Vengeful spirits, like Wraiths, must have an anchor to this world, an object to bind themselves to. If Jared hadn't taken that cosmetics box, she never could have left that manor house. And for that matter... how in God's name did I know any of that?

“I’m sorry, Parula,” Jared said, his voice filled with a familiar guilt. “I was just trying to help. I didn’t mean to bring that thing back with us.” 

“It’s not your fault,” I said, trying to comfort him. “I was the one who asked for it. And we need it. Even if it is haunted.” It was strange how quickly one’s perspective could change. A few days ago, I was disgusted by the thought of using a dead man’s things.

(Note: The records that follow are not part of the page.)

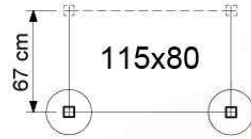

EXTENSION TOWERS
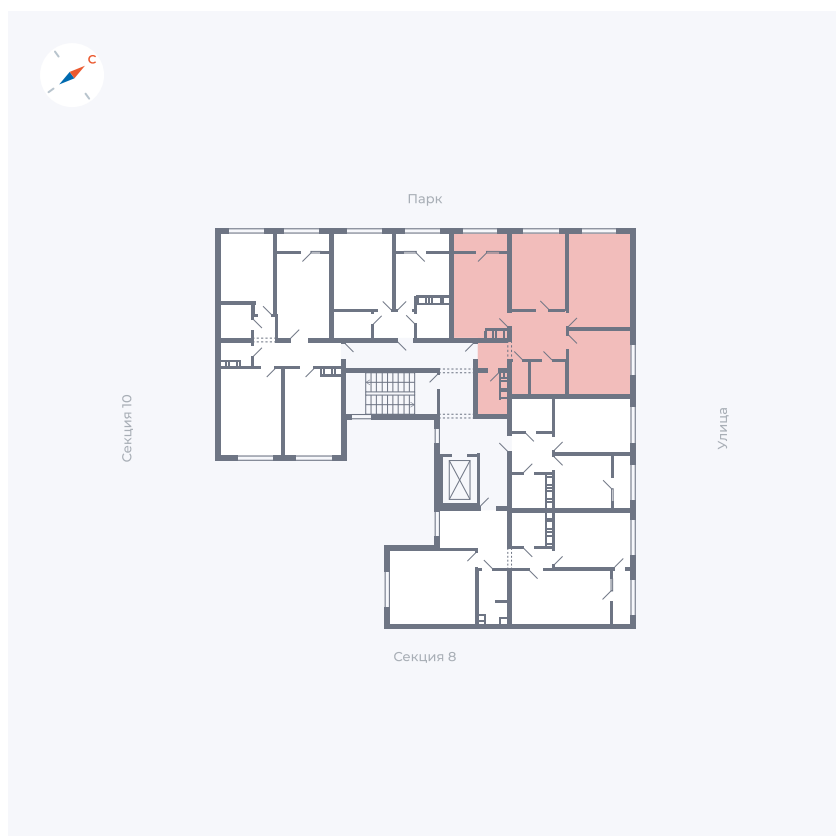

На этаже

Для заметок

Дата генерации: 04.04.2025
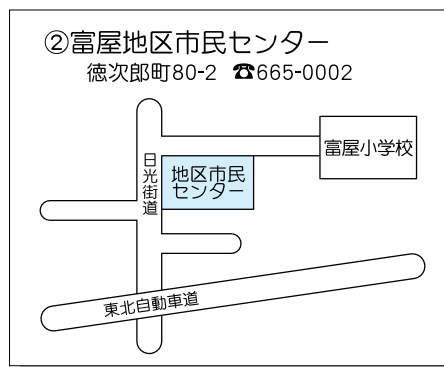

地区市民センター・出張所

④国本地区市民センター
宝木本町1868-1 ☎665-1041

国本中
新里街道
地区市民センター
国本中央小
岩原通り

⑤宝木出張所 若草3丁目13-13 ☎622-5765

宇都宮環状線
銀行
日光街道
出張所
北生涯学習センター
コンビニエンスストア
とちぎ福祉プラザ

⑥平石地区市民センター
下平出町158-1 ☎661-2667

新国道4号線
辰街道
地区市民センター
鬼怒通り

⑦城山地区市民センター
大谷町1059-5 ☎652-0621

至大谷観音
大谷街道
銀行
石材組合
地区市民センター

⑧清原地区市民センター
清原工業団地15-4 ☎667-0501

清原中央通り
清原工業団地
地区市民センター
管理センター
体育館
清原変電所

⑨姿川地区市民センター
西川田町805-1 ☎658-1201

日光線
姿川中
産業通り
栃木街道
東武線
宇都宮環状線
地区市民センター
コンビニエンスストア
ガソリンスタンド

⑩駅東出張所
中今泉3丁目5-1 ☎638-5771

出張所 (東図書館内)
宇都宮東警察署
郵便局
ドラッグストア
白楊高校
白楊高通り

⑪横川地区市民センター
屋板町576-1 ☎656-1009

横川中央小
消防分団
地区市民センター
コンビニエンスストア
郵便局
コンビニエンスストア
上三川街道

⑫陽南出張所
春日町11-1 ☎658-1658

陽南小
陽南中
陽南通り
江富駅
交番
景音住宅
景音住宅
出張所
コンビニエンスストア
ドラッグストア
緑が丘小
東武線

Now, I was perfectly willing to use a haunted object as an offering to a demon. It was for a demon, so what did it matter? It reminded me of a dark joke from my old life: a man finds a dead person's money on the road—the coin meant to pay for their passage in the afterlife. He takes the cursed money and throws it into a temple's offering box. Let the ghost bargain with the Buddha for its own soul, he figures.

As we made our way back, a new idea occurred to me. I wanted to test the limits of Jared’s new sight. I led him to a place I had noticed earlier, a grand, Gothic-style church, its windows filled with beautiful, ornate stained glass. But the figures in the glass, the saints and the angels… their painted eyes moved, tracking us as we approached.